*Work order*: Your job is to retype all of the data word for word, leaving every image out.

[Extracted records]
################
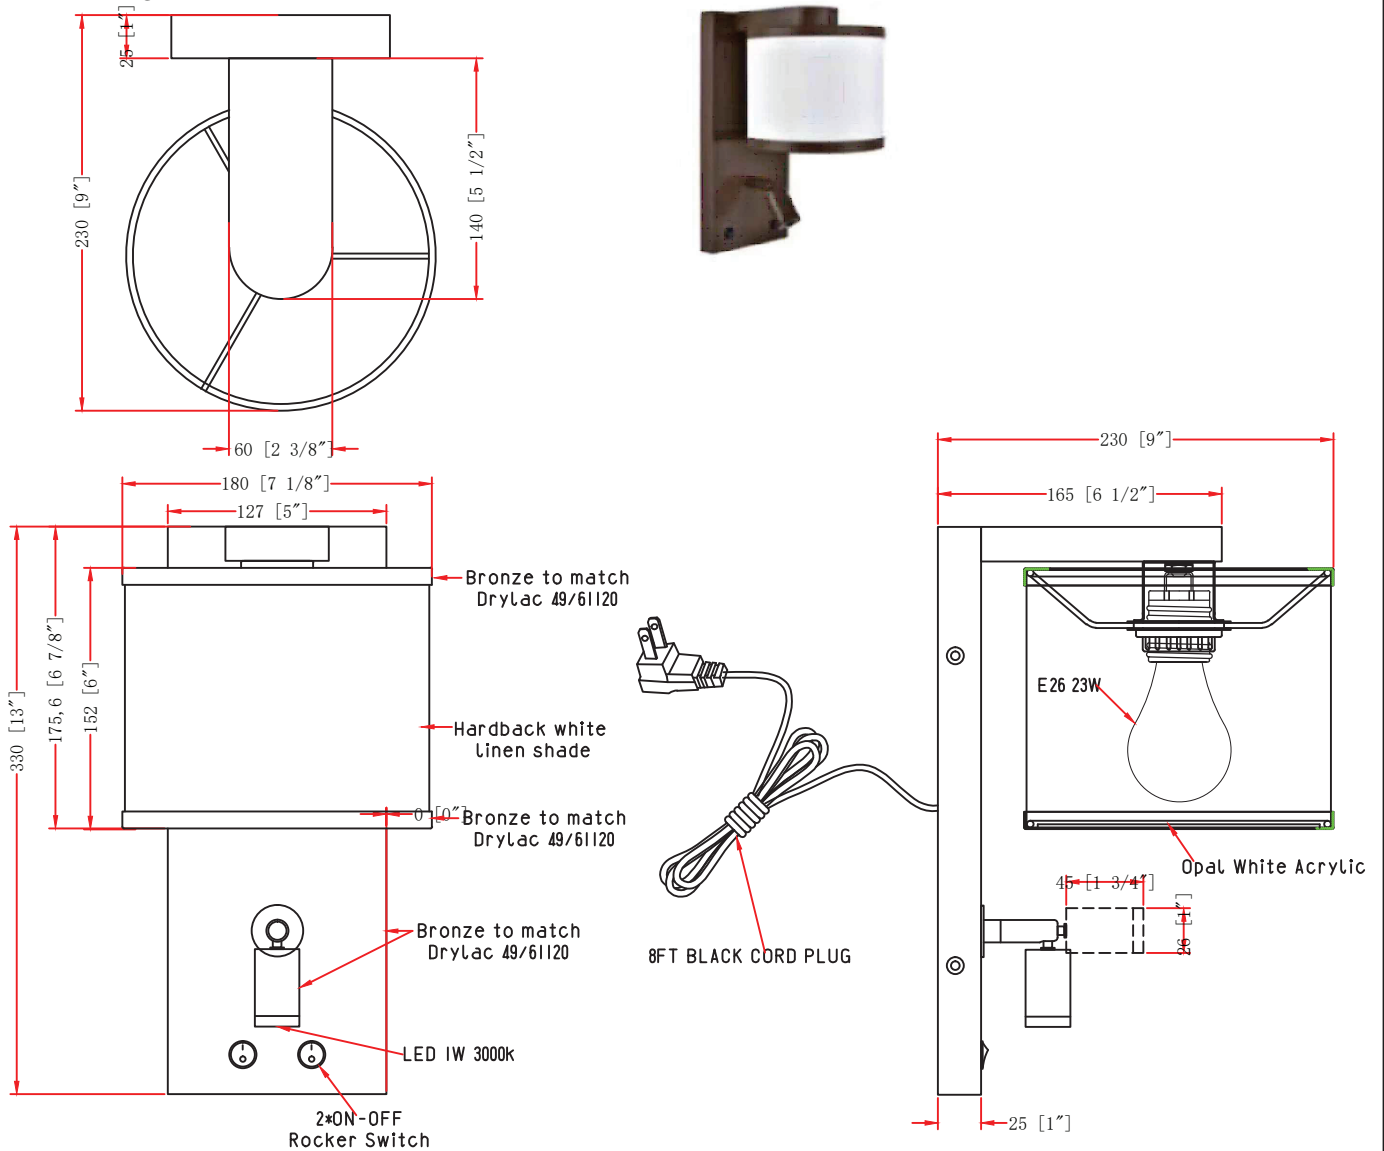

ITEM NO.:

Description: Bedside Sconce w/ Reading Light

LINE DRAWING

STANDARD FEATURES:

- Bedside Sconce w/ Reading Light
- UL APPROVED FOR DRY LOCATION
- MATERIAL: STEEL+CLOTH+ ACRYLIC+aluminium
- USE 120V 60HZ AC
- LAMP/WATT: 1*E26 23W

FIXTURE DATA

MODEL NO.	FINISH	SHADE	SIZE			TYPE OF LAMPS
			WIDTH	HEIGHT	EXTENSION	
US-WL401-DB	Bronze to match Drylac 49/61120	Hardback white linen shade	7.125"	13"	9"	1*E26 23W

LIGHT BULB DATA

BULB TYPE	BASE TYPE(SOCKET)	WATTAGE RATED	RATED LIFE (Hours)	Approx. LIGHT (Lumens)	Approx. Color (Temp. K)	Luminous efficacy (LM/W)	CRI
E26		23W
################
*Output of the exercise*:
ITEM NO.:

Description: Bedside Sconce w/ Reading Light

LINE DRAWING

STANDARD FEATURES:

- Bedside Sconce w/ Reading Light
- UL APPROVED FOR DRY LOCATION
- MATERIAL: STEEL+CLOTH+ ACRYLIC+aluminium
- USE 120V 60HZ AC
- LAMP/WATT: 1*E26 23W

FIXTURE DATA

MODEL NO.	FINISH	SHADE	SIZE			TYPE OF LAMPS
			WIDTH	HEIGHT	EXTENSION	
US-WL401-DB	Bronze to match Drylac 49/61120	Hardback white linen shade	7.125"	13"	9"	1*E26 23W

LIGHT BULB DATA

BULB TYPE	BASE TYPE(SOCKET)	WATTAGE RATED	RATED LIFE (Hours)	Approx. LIGHT (Lumens)	Approx. Color (Temp. K)	Luminous efficacy (LM/W)	CRI
E26		23W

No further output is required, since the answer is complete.